:: Material supplied ::

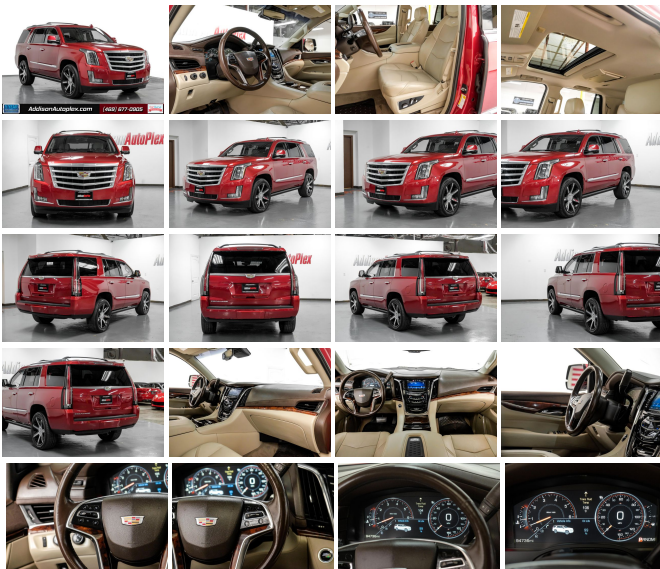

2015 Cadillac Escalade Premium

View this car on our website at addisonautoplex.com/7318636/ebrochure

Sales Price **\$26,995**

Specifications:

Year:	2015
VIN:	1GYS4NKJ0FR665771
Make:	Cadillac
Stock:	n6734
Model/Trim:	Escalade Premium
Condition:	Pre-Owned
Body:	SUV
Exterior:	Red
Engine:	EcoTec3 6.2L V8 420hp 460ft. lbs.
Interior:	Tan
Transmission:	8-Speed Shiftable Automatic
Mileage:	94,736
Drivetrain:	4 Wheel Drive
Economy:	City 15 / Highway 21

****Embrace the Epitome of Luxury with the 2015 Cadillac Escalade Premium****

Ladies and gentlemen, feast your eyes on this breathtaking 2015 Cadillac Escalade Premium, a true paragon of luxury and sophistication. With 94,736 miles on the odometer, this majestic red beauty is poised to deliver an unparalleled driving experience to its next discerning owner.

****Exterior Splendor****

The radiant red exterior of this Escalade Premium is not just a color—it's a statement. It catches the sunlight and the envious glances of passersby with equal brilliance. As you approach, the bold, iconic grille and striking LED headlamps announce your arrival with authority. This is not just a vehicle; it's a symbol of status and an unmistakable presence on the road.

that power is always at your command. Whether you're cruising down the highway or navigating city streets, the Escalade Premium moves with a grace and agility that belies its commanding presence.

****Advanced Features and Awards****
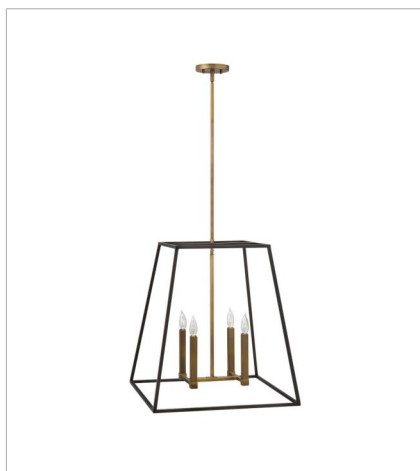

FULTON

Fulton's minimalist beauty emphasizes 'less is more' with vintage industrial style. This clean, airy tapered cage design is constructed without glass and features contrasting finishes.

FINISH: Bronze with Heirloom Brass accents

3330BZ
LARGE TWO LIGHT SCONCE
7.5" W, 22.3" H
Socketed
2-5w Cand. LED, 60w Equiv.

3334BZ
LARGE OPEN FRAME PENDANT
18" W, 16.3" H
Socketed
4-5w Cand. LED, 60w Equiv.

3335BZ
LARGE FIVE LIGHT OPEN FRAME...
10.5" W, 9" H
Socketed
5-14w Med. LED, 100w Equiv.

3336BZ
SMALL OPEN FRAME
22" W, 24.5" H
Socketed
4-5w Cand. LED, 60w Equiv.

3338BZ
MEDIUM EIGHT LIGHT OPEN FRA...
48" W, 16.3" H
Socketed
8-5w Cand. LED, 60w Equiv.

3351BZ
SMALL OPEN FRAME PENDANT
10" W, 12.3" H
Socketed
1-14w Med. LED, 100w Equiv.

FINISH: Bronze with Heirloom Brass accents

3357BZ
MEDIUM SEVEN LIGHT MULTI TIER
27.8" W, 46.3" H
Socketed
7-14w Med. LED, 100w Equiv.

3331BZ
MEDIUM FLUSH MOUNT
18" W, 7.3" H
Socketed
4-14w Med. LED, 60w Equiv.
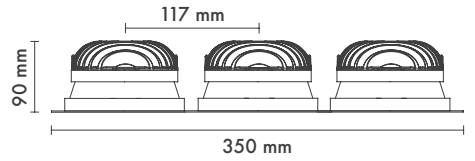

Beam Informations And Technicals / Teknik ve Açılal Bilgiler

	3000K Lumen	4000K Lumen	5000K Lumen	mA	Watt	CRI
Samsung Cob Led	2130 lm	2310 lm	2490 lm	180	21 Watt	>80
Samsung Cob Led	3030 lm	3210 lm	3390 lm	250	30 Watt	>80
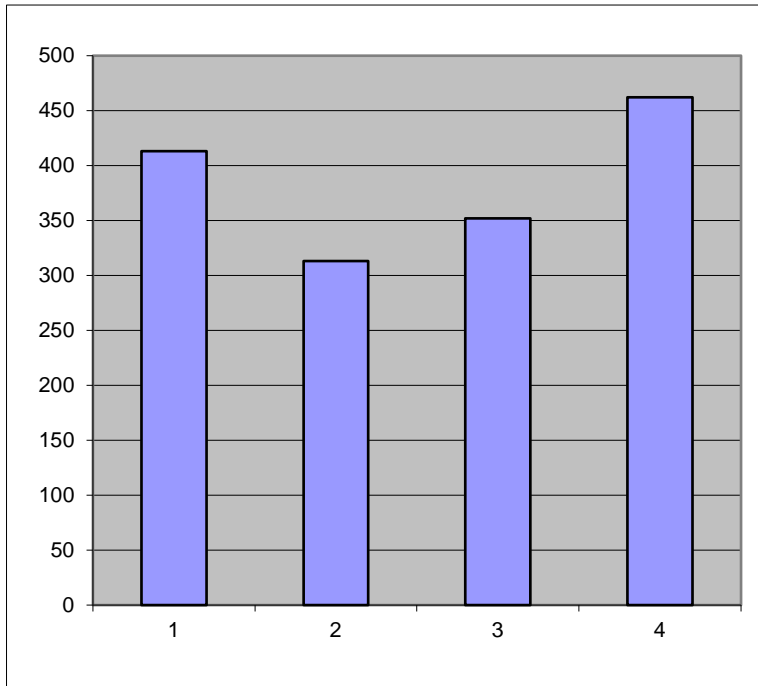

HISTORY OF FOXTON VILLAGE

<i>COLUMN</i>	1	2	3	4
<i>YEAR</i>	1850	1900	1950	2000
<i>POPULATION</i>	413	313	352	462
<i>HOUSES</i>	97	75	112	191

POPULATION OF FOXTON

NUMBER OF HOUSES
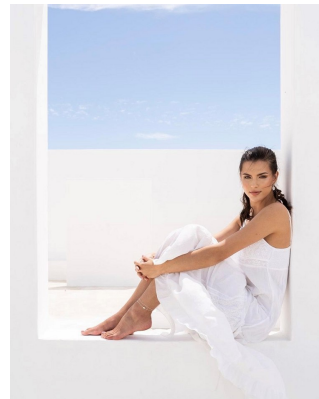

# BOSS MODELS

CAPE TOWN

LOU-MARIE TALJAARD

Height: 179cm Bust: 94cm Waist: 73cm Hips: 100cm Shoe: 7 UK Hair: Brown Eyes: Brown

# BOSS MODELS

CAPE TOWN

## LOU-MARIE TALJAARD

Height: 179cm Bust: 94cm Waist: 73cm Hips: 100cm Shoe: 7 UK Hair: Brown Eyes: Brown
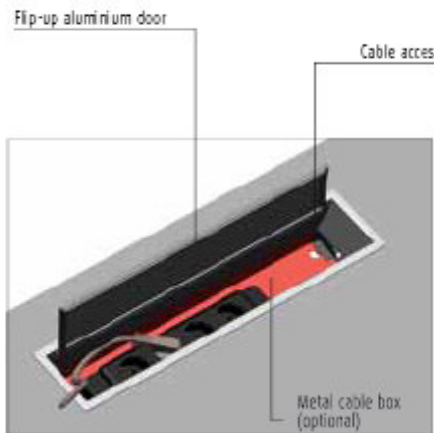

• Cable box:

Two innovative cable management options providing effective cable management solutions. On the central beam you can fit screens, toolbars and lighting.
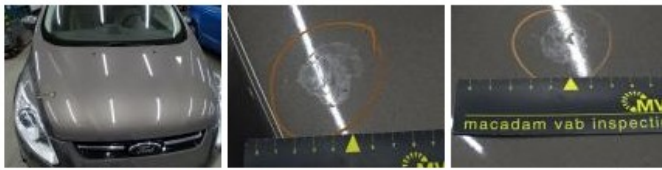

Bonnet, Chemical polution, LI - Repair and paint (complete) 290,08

:::

→ **What the task requires**
Search the records above for the string "PENDANT". Copy every line that contains it.

→ **Solution to this task**
LARGE OPEN FRAME PENDANT
SMALL OPEN FRAME PENDANT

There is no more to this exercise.